The classification model adopted in the first-layer classification model is a convolutional neural network model, as shown in fig. 3, firstly, all entities and entity relations are extracted from a database storing structured case information as input characteristics of the first-layer classification model, after the maximum word number of a sample is set, Zero-Padding is used for filling so as to ensure that the data length is consistent, and finally, the maximum sequence length is L. And forming a Word Embedding matrix through Word Embedding convolutional layers. The word vector model used in the invention is obtained by training a public open source tool Gensim module based on a plurality of hospital real Chinese electronic case data as a corpus, and each word is expressed by a 100-dimensional word vector.

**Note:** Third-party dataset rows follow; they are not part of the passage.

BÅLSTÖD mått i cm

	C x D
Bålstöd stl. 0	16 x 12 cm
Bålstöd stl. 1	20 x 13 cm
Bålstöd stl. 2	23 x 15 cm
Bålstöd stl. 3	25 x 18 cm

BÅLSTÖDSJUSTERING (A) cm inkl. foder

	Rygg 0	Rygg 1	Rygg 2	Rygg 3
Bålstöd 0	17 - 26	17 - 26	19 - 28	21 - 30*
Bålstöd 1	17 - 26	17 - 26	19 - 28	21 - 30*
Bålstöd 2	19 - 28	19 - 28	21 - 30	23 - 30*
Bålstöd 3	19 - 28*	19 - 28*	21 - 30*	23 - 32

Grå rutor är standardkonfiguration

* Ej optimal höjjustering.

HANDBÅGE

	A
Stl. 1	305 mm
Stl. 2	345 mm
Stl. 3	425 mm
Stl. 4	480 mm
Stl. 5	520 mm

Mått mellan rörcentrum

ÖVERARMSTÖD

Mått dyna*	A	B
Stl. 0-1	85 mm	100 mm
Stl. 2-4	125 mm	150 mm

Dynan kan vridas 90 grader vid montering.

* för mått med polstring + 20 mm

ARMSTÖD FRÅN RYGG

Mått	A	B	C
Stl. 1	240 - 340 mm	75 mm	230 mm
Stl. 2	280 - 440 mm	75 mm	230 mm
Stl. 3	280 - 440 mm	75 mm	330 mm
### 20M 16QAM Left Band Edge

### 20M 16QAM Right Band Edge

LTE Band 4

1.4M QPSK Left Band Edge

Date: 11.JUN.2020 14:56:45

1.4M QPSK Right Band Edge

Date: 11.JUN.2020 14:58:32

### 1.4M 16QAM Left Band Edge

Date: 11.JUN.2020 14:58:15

A one-dimensional convolution mode is adopted in the convolution neural network. In the model structure selection, multiple factors such as the number of samples, the performance of hardware equipment, the complexity of the model, the characteristics of case data and the like are considered, and according to past experimental experience, a Grid Search (Grid Search) method is adopted to set multiple values of the same parameter in different value ranges and magnitude ranges in a descending order. Finally, 256 convolution kernels (filters) with the sizes of (L-1) × 100, (L-2) × 100, (L-3) × 100 are set by comparing the accuracy of the trained models on the test set. After the convolution layers are formed, 256 feature surfaces of 2 x 1, 3 x 1 and 4 x 1 are respectively obtained, and then a pooling layer (max-circulation) is added to perform dimensionality reduction operation on the features of the Filter layer. And splicing the pooled vectors through a full Connection (full Connection) layer to be used as the input of a Softmax layer, thereby realizing multi-classification prediction of various emergency events.

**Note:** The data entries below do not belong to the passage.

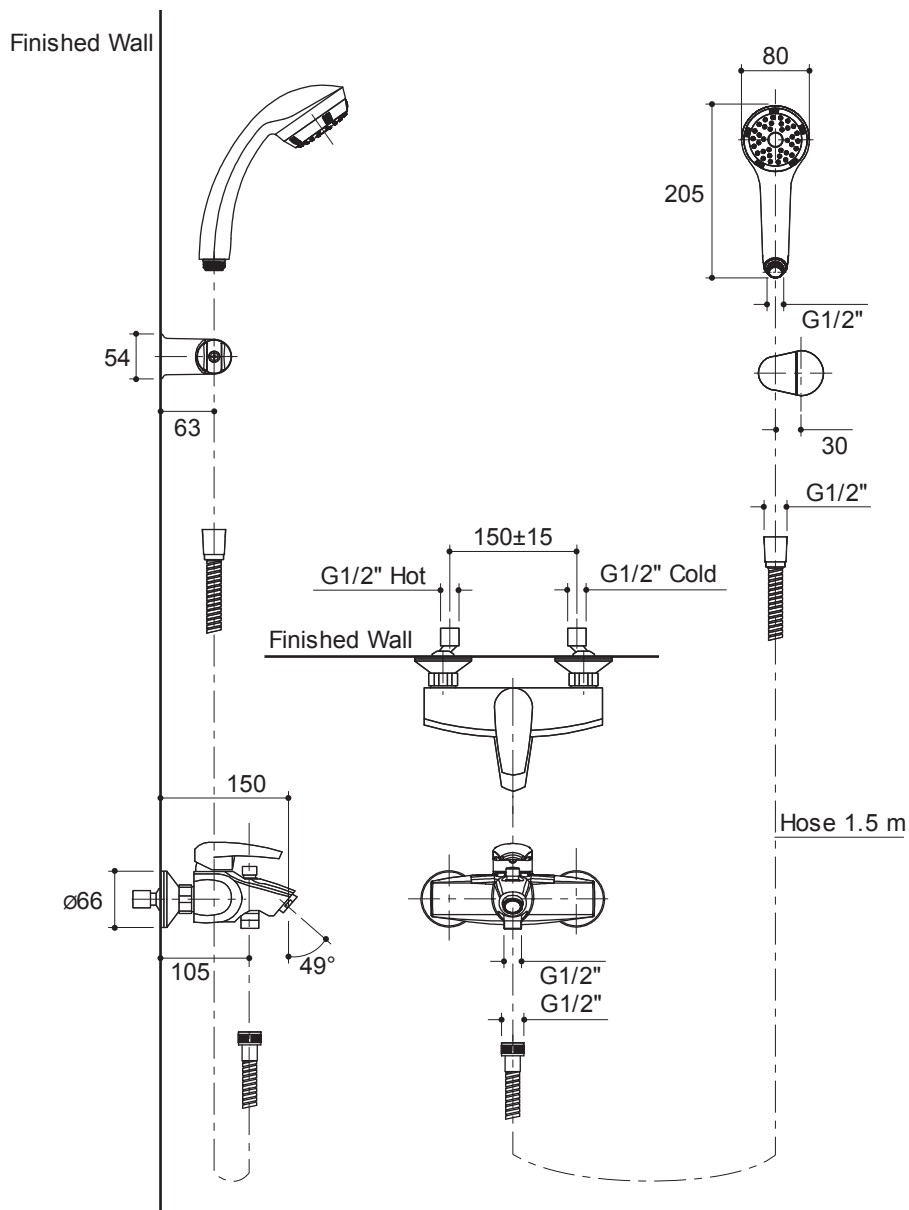

WALL-MOUNT BATH AND SHOWER FAUCET K-18142X

Features

- Brass construction
- Includes hand shower with bracket
- G1/2" thread connection
- 150 mm center of spout
- Handshower with 1.5 m hose
- Lever handle

Model	Description	Color/Finished
K-18142X	Panache wall-mount bath and shower faucet	CP

Product Specification:

The wall-mount bath and shower faucet shall be made of brass construction. Product shall feature a 150 mm center of spout, G1/2" threaded connection, handshower with 1.5 m hose and lever handle. Product shall include hand shower with bracket. Product shall be Kohler Model K-18142X-CP.

PANACHE

Installation Notes

Install this product according to the installation guide.

Dimensions are approximate.
Unit: mm.

Product Diagram

คุณลักษณะ

- ผลิตจากทองเหลือง
- พร้อมฝักบัวสายอ่อนและขอแขวน
- เกลียวข้อต่อ G1/2"
- ระยะจากผนังถึงกึ่งกลางปากก๊อกล่าง 150 มม.
- ฝักบัวสายอ่อนยาว 1.5 ม.
- มือบิดแบบก้านโยก

รุ่นผลิตภัณฑ์

รุ่น	ชื่อผลิตภัณฑ์	สี/วัสดุเคลือบผิว
K-18142X	ก๊อกผสมล่างและยื่นอาบแบบติดผนังพร้อมฝักบัวสายอ่อน รุ่น พานาซ	CP

ข้อมูลผลิตภัณฑ์:

ก๊อกผสมล่างและยื่นอาบแบบติดผนังพร้อมฝักบัวสายอ่อน ซึ่งผลิตจากทองเหลือง มีระยะจากผนังถึงกึ่งกลางปากก๊อกล่าง 150 มม. เกลียวข้อต่อ G1/2", ฝักบัวสายอ่อนมีความยาว 1.5 ม. และมือบิดแบบก้านโยก ก๊อกผสมล่างและยื่นอาบแบบติดผนังพร้อมฝักบัวสายอ่อนและขอแขวน ก๊อกผสมล่างและยื่นอาบรุ่นนี้คือ ก๊อกผสมล่างและยื่นอาบโคห์เลอร์รุ่น K-18142X-CP.

In the first layer model, the distribution of the medical records related to the emergency events and the common medical records is very unbalanced, the sample size of the non-emergency events is large, the output of the model is prone to the non-emergency events under the condition, and in order to reduce the influence of the unbalanced sample size among the classes on the classification result, an integrated idea can be adopted: and when the training set is generated every time, small sample quantities in all the classifications are used, and data are randomly extracted from large sample quantities in the classifications to be combined with the small sample quantities to form the training set, so that a plurality of training sets and training models can be obtained after the data are repeated for many times. Finally, when applied, a combination method (e.g., voting, weighted voting, etc.) is used to generate the classification prediction results.
Step S206, model training is carried out according to the sample input data, the emergency type in the diagnosis information and a plurality of level classification models to obtain the two-layer classification model.
In one embodiment, preferably, the plurality of level classification models includes an XGBoost model, a random forest model, a support vector machine model, and a logistic regression model, and the method further includes:
calculating the model accuracy rate predicted by each level classification model, and determining the target level classification model with the highest model accuracy rate as the optimal model;
and taking the prediction result of the optimal model as the final prediction result of the two-layer classification model.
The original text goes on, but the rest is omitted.